##### RECORDS #####

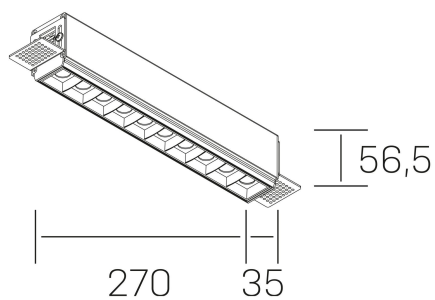

nses
K51300.03.TR.WH-BK.45.ST.9.40.PU

DETALLES GENERALES

INSTALACIÓN	Trimless
COLOR EXT-INT	Blanco-Negro
DIRECCIÓN DE LA LUZ	Fijo
ÁNGULO DEL HAZ DE LUZ	45°
INT-EXT ESTANQUEIDAD	IP20
MATERIAL	Aluminio
RESISTENCIA MECÁNICA	IK06
USO	Interior
GARANTÍA	5 años

DETALLES ELÉCTRICOS

FUENTE DE LUZ	LED
POTENCIA	20W
TEMPERATURA DE COLOR	4000K
FLUJO LUMÍNICO	1630 Lm
EFICIENCIA LUMÍNICA	78 Lm/W
DIMABLE	PUSH
DRIVER	Remoto
CLASE DE SEGURIDAD	II
ÍNDICE DE REPRODUCCIÓN CROMÁTICA	CRI>90
TENSIÓN	220-240 V
FREQUENCY	50-60 Hz
CORRIENTE	600 mA
VIDA UTIL	50.000h

DIMENSIONES GENERALES

DIMENSIÓN	270x35 mm
AGUJERO DE CORTE	275x70 mm
ALTURA	h 56.5 mm
DIMENSIONES DE EMBALAJE	325 × 80 × 85 mm
PESO NETO	86

*Puede haber una reducción máx. del 15% en el dato de los acabados distintos al blanco.
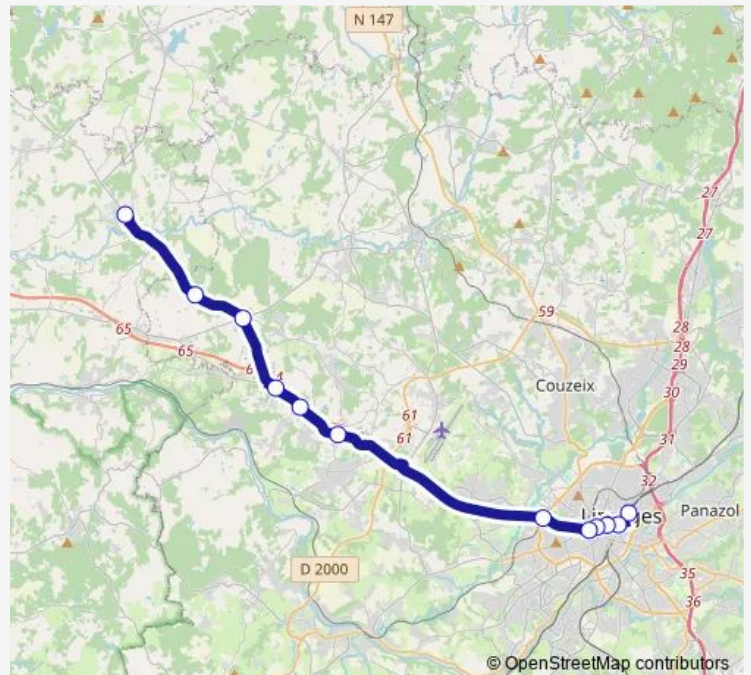

Bus 192 192 - Val d'Issoire - Oradour sur Glane - Limoges

[Go to website](#)

Direction

PI de la République — Champ de Foire

9 stops

[Open route schedule](#)

PI de la République

Plaisance

Place Justin Labuze

Bourg

Bourg

Bourg

Etang de Cieux

Le petit Charrat

Champ de Foire

Route schedule

PI de la République — Champ de Foire

Monday	06:19
Tuesday	06:19
Wednesday	06:19
Thursday	06:19
Friday	06:19
Saturday	07:05
Sunday	—

Route info

Direction: PI de la République

Stops: 9

Trip Duration: 0 hour 36 min

Direction

Terminal Cars — Oradour-SUR-Glane - Champ DE Foire

12 stops

[Open route schedule](#)

Terminal Cars

Place Jourdan

Opéra

Place W. Churchill F
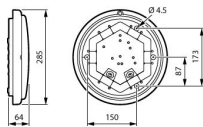

Specificaties Philips LED Bulkhead WL070V
Ledinaire Kunststof Wit 17W 1700lm - 830-840
CCT | 285mm - IP65

[Bekijk product](#)

Algemene informatie

EOC8 50824899

Algemene informatie

Artikelnummer	248746
EAN	8720169508248
Merk	Philips
Fabrikantnaam	WL070V LED11_17S/830_835_840
Lampdirect All-in garantie	3 jaar
Levensduur (uur)	50000

Technische Informatie

Techniek	LED Geïntegreerd
Watt	17
Inclusief Lamp	Ja
Netspanning (Volt)	220-240
Dimbaar	Niet Dimbaar
Kleurcode	835 Warm Wit, 830 Warm Wit, 840 Koel Wit
Lichtkleur (Kelvin)	3000 Warm Wit, 4000 Koel Wit
Kleurweergave (Ra)	80-89 - Goede kleurweergave
Lichtkleur	Wit
Kleurinstelling	CCT

Lichtopbrengst (Lumen)	1700
Lumen Watt Verhouding (Lm/W)	100
Powerfactor	>0.90
Type product	LED Bulkheads

Armatuur Informatie

Type Armatuur	Professioneel
Montage	Opbouwmontage
Armatuur Aansluiting	PI (2-polige Insteekaansluiting)
IP-Waarde	IP65 - Stof- en Waterdicht
Slagvastheid (IK-waarde)	IK08 - 5 Joule
Bedrijfstemperatuur	-20 tot + 40
Kleur Armatuur	Wit
Behuizing	Plastic
Kleur behuizing	Wit
Product Serie	Ledinaire

Afmetingen

Diameter (mm)	285
Lengte (mm)	285
Breedte (mm)	285
Hoogte (mm)	64

Waarom Lampdirect?

Sensor Informatie

 Sensortype	Bestel bij de grootste lichtspecialist van Europa	 Offerte op maat
	Geen sensor	
	Tot 7 jaar all-in garantie	 Gemakkelijk retourneren
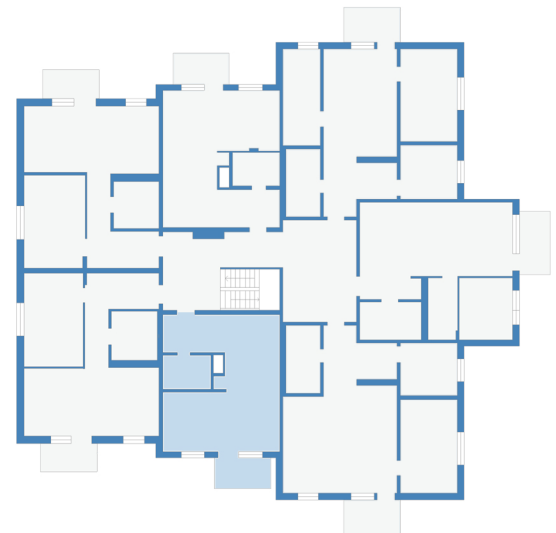

0 1 2 3 4 5 meter

Strimlusevägen 1 rum och kök, våning 1, ca 38,51 kvm

Obj.Nr:
6511002

BEGREPP

KLK = klädkammare
FRD = förråd
G = garderob
L = linneskåp
D = dusch

H = högskåp
ST = städskap
K = kyl
F = frys
SK = skafferi

TT = torktumlare
TM = tvättmaskin
(Förberett för eller installerad)
DM = diskmaskin
(Förberett för eller installerad)

VÅNING

S = souterrängplan
MA = markplan
Bv = bottenvåning
E = entréplan
1-9 = våningsplan
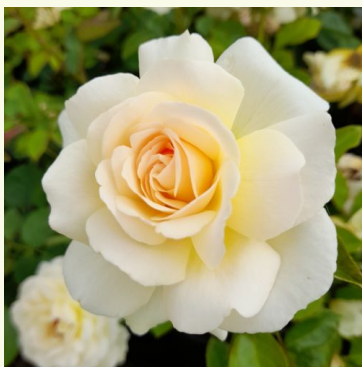

Rosa Dany Hahn

jaune - rosier nostalgique
120-150 cm
rose au parfum discret - arôme de mangue
Dominique Massad
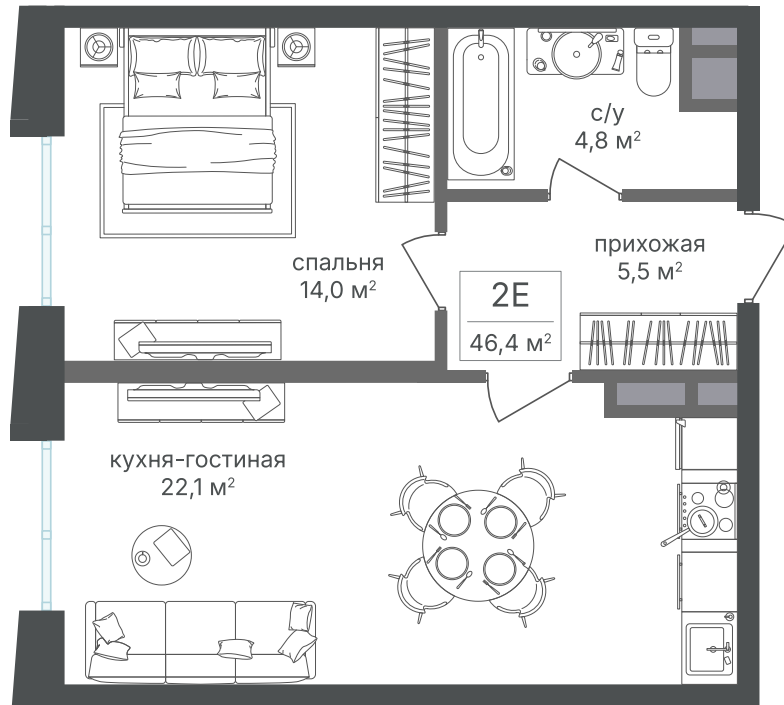

Номер: 388

1 комнатная 46.2 м²

Отсканируйте QR-код и
смотрите на сайте
sp2.rg-dev.ru

~~22 989 120 руб.~~

21 609 773 руб.

В ипотеку от 48 687 руб.

Скидка

Корпус	Корпус 2	Этаж	11
Секция	1 - 2	Сдача	1 кв. 2026

04.07.2026 21:39 (Мск)

Не является публичной офертой, цена может быть скорректирована.
Информация взята с сайта «sp2.rg-dev.ru».

На этаже 11

1 комнатная 46.2 м²

04.07.2026 21:39 (Мск)

Не является публичной офертой, цена может быть скорректирована.
Информация взята с сайта «sp2.rg-dev.ru».

На генплане Корпус 2

1 комнатная 46.2 м²

04.07.2026 21:39 (Мск)

Не является публичной офертой, цена может быть скорректирована.
Информация взята с сайта «sp2.rg-dev.ru».
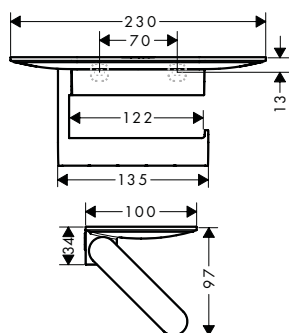

WallStoris Portarrollos

Características

- Material: plástico
- Se incluye material de montaje
- Montaje - para pegar o atornillar
- Incluido el set de encolado
- Forma abierta - el papel higiénico se puede colgar fácilmente
- Ofrece espacio para almacenar
- Adecuado para rollos con un ancho inferior a 122 mm
- Longitud 230 mm
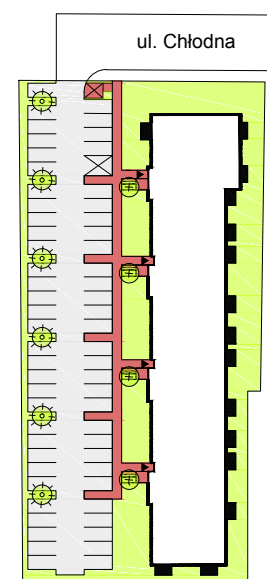

PLAN OSIEDLA

Adres:
Lipska 61/42
22-400 Zamość

E-mail:
chlodna@prbud.eu

Telefon:
500-793-501
531-307-518

Strona www:
www.prbud.eu
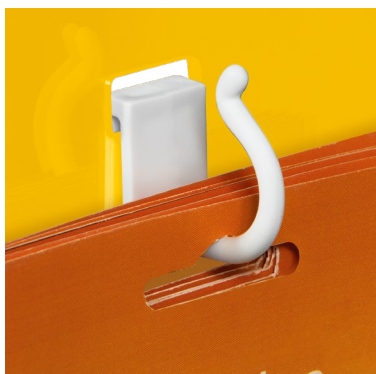

Con retro alto, per pannelli di spessore max. 2,8 mm.
NB: altri colori a richiesta.

High back. Designed to be clipped on panel/
 cardboard up to 2,8 mm. **NB:** other colors on request.

GANCIO BROCHE LARGO - per spessori fino a 2,8 mm			accessori
Large plastic prong - for thickness up to 2,8 mm			accessories
L. 190 mm		2512190	 10
L. 210 mm	Bianco / White	2512210	
L. 250 mm		2512250	

4 Gancio ad uncino con attacco a pinza

Couponsing prong

Broche porta blister, sacchetti o coupons.
 Disponibile con o senza biadesivo schiuma sul retro.

Holds blister packs, bags or coupons.
 Available with or without foam adhesive on the back.
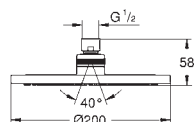

27 541 001

хром

Tempesta Cosmopolitan 200

Верхний душ с одним режимом

душевая струя Rain

шаровый шарнир +/- 20° вращающийся

резьбовое соединение 1/2"

может использоваться с проточным водонагревателем
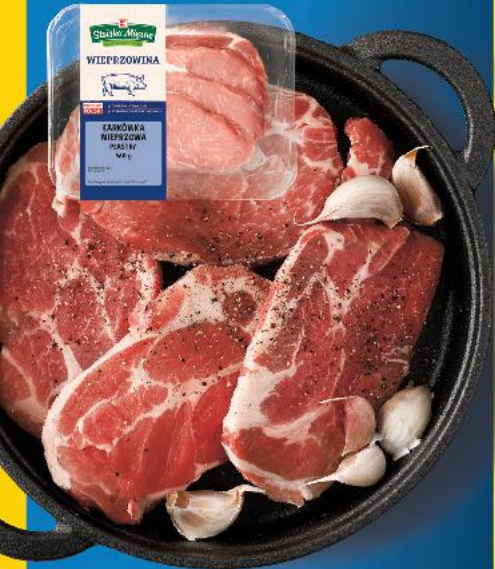

**Zestaw rakiet
BRILIANT SKY 6**
1 rakietka 48 mm,
2 rakietki 38 mm,
3 rakietki 24 mm,
waga prochu: 95,4 g

SUPERCENA
tylko
49,99

PRODUKT
POLSKI

Kaufland
Card

STOISKO
SAMOBSŁUGOWE

K-STOISKO
MIĘSNE

Polska karkówka
wieprzowa
bez kości, w plastrach
560 g opakowanie
(z kartą = 1 kg 17,84)
(bez karty = 1 kg 29,98)

#####

The whole listing above must be set down again exactly, but without its images.

** FINISHED TASK **
nses
K51300.03.TR.WH-BK.45.ST.9.40.PU

DETALLES GENERALES

INSTALACIÓN	Trimless
COLOR EXT-INT	Blanco-Negro
DIRECCIÓN DE LA LUZ	Fijo
ÁNGULO DEL HAZ DE LUZ	45°
INT-EXT ESTANQUEIDAD	IP20
MATERIAL	Aluminio
RESISTENCIA MECÁNICA	IK06
USO	Interior
GARANTÍA	5 años

DETALLES ELÉCTRICOS

FUENTE DE LUZ	LED
POTENCIA	20W
TEMPERATURA DE COLOR	4000K
FLUJO LUMÍNICO	1630 Lm
EFICIENCIA LUMÍNICA	78 Lm/W
DIMABLE	PUSH
DRIVER	Remoto
CLASE DE SEGURIDAD	II
ÍNDICE DE REPRODUCCIÓN CROMÁTICA	CRI>90
TENSIÓN	220-240 V
FREQUENCY	50-60 Hz
CORRIENTE	600 mA
VIDA UTIL	50.000h

DIMENSIONES GENERALES

DIMENSIÓN	270x35 mm
AGUJERO DE CORTE	275x70 mm
ALTURA	h 56.5 mm
DIMENSIONES DE EMBALAJE	325 × 80 × 85 mm
PESO NETO	86

*Puede haber una reducción máx. del 15% en el dato de los acabados distintos al blanco.

Bus 192 192 - Val d'Issoire - Oradour sur Glane - Limoges

[Go to website](#)

Direction

PI de la République — Champ de Foire

9 stops

[Open route schedule](#)

PI de la République

Plaisance

Place Justin Labuze

Bourg

Bourg

Bourg

Etang de Cieux

Le petit Charrat

Champ de Foire

Route schedule

PI de la République — Champ de Foire

Monday	06:19
Tuesday	06:19
Wednesday	06:19
Thursday	06:19
Friday	06:19
Saturday	07:05
Sunday	—

Route info

Direction: PI de la République

Stops: 9

Trip Duration: 0 hour 36 min

Direction

Terminal Cars — Oradour-SUR-Glane - Champ DE Foire

12 stops

[Open route schedule](#)

Terminal Cars

Place Jourdan

Opéra

Place W. Churchill F

Specificaties Philips LED Bulkhead WL070V
Ledinaire Kunststof Wit 17W 1700lm - 830-840
CCT | 285mm - IP65

[Bekijk product](#)

Algemene informatie

EOC8 50824899

Algemene informatie

Artikelnummer	248746
EAN	8720169508248
Merk	Philips
Fabrikantnaam	WL070V LED11_17S/830_835_840
Lampdirect All-in garantie	3 jaar
Levensduur (uur)	50000

Technische Informatie

Techniek	LED Geïntegreerd
Watt	17
Inclusief Lamp	Ja
Netspanning (Volt)	220-240
Dimbaar	Niet Dimbaar
Kleurcode	835 Warm Wit, 830 Warm Wit, 840 Koel Wit
Lichtkleur (Kelvin)	3000 Warm Wit, 4000 Koel Wit
Kleurweergave (Ra)	80-89 - Goede kleurweergave
Lichtkleur	Wit
Kleurinstelling	CCT

Lichtopbrengst (Lumen)	1700
Lumen Watt Verhouding (Lm/W)	100
Powerfactor	>0.90
Type product	LED Bulkheads

Armatuur Informatie

Type Armatuur	Professioneel
Montage	Opbouwmontage
Armatuur Aansluiting	PI (2-polige Insteekaansluiting)
IP-Waarde	IP65 - Stof- en Waterdicht
Slagvastheid (IK-waarde)	IK08 - 5 Joule
Bedrijfstemperatuur	-20 tot + 40
Kleur Armatuur	Wit
Behuizing	Plastic
Kleur behuizing	Wit
Product Serie	Ledinaire

Afmetingen

Diameter (mm)	285
Lengte (mm)	285
Breedte (mm)	285
Hoogte (mm)	64

Waarom Lampdirect?

Sensor Informatie

 Sensortype	Bestel bij de grootste lichtspecialist van Europa	 Offerte op maat
	Geen sensor	
	Tot 7 jaar all-in garantie	 Gemakkelijk retourneren

0 1 2 3 4 5 meter

Strimlusevägen 1 rum och kök, våning 1, ca 38,51 kvm

Obj.Nr:
6511002

BEGREPP

KLK = klädkammare
FRD = förråd
G = garderob
L = linneskåp
D = dusch

H = högskåp
ST = städskap
K = kyl
F = frys
SK = skafferi

TT = torktumlare
TM = tvättmaskin
(Förberett för eller installerad)
DM = diskmaskin
(Förberett för eller installerad)

VÅNING

S = souterrängplan
MA = markplan
Bv = bottenvåning
E = entréplan
1-9 = våningsplan

Rosa Dany Hahn

jaune - rosier nostalgique
120-150 cm
rose au parfum discret - arôme de mangue
Dominique Massad

Номер: 388

1 комнатная 46.2 м²

Отсканируйте QR-код и
смотрите на сайте
sp2.rg-dev.ru

~~22 989 120 руб.~~

21 609 773 руб.

В ипотеку от 48 687 руб.

Скидка

Корпус	Корпус 2	Этаж	11
Секция	1 - 2	Сдача	1 кв. 2026

04.07.2026 21:39 (Мск)

Не является публичной офертой, цена может быть скорректирована.
Информация взята с сайта «sp2.rg-dev.ru».

На этаже 11

1 комнатная 46.2 м²

04.07.2026 21:39 (Мск)

Не является публичной офертой, цена может быть скорректирована.
Информация взята с сайта «sp2.rg-dev.ru».

На генплане Корпус 2

1 комнатная 46.2 м²

04.07.2026 21:39 (Мск)

Не является публичной офертой, цена может быть скорректирована.
Информация взята с сайта «sp2.rg-dev.ru».

WallStoris Portarrollos

Características

- Material: plástico
- Se incluye material de montaje
- Montaje - para pegar o atornillar
- Incluido el set de encolado
- Forma abierta - el papel higiénico se puede colgar fácilmente
- Ofrece espacio para almacenar
- Adecuado para rollos con un ancho inferior a 122 mm
- Longitud 230 mm

PLAN OSIEDLA

Adres:
Lipska 61/42
22-400 Zamość

E-mail:
chlodna@prbud.eu

Telefon:
500-793-501
531-307-518

Strona www:
www.prbud.eu

Con retro alto, per pannelli di spessore max. 2,8 mm.
NB: altri colori a richiesta.

High back. Designed to be clipped on panel/
 cardboard up to 2,8 mm. **NB:** other colors on request.

GANCIO BROCHE LARGO - per spessori fino a 2,8 mm			accessori
Large plastic prong - for thickness up to 2,8 mm			accessories
L. 190 mm		2512190	 10
L. 210 mm	Bianco / White	2512210	
L. 250 mm		2512250	

4 Gancio ad uncino con attacco a pinza

Couponsing prong

Broche porta blister, sacchetti o coupons.
 Disponibile con o senza biadesivo schiuma sul retro.

Holds blister packs, bags or coupons.
 Available with or without foam adhesive on the back.

27 541 001

хром

Tempesta Cosmopolitan 200

Верхний душ с одним режимом

душевая струя Rain

шаровый шарнир +/- 20° вращающийся

резьбовое соединение 1/2"

может использоваться с проточным водонагревателем

**Zestaw rakiet
BRILIANT SKY 6**
1 rakietka 48 mm,
2 rakietki 38 mm,
3 rakietki 24 mm,
waga prochu: 95,4 g

SUPERCENA
tylko
49,99

PRODUKT
POLSKI

Kaufland
Card

STOISKO
SAMOBSŁUGOWE

K-STOISKO
MIĘSNE

Polska karkówka
wieprzowa
bez kości, w plastrach
560 g opakowanie
(z kartą = 1 kg 17,84)
(bez karty = 1 kg 29,98)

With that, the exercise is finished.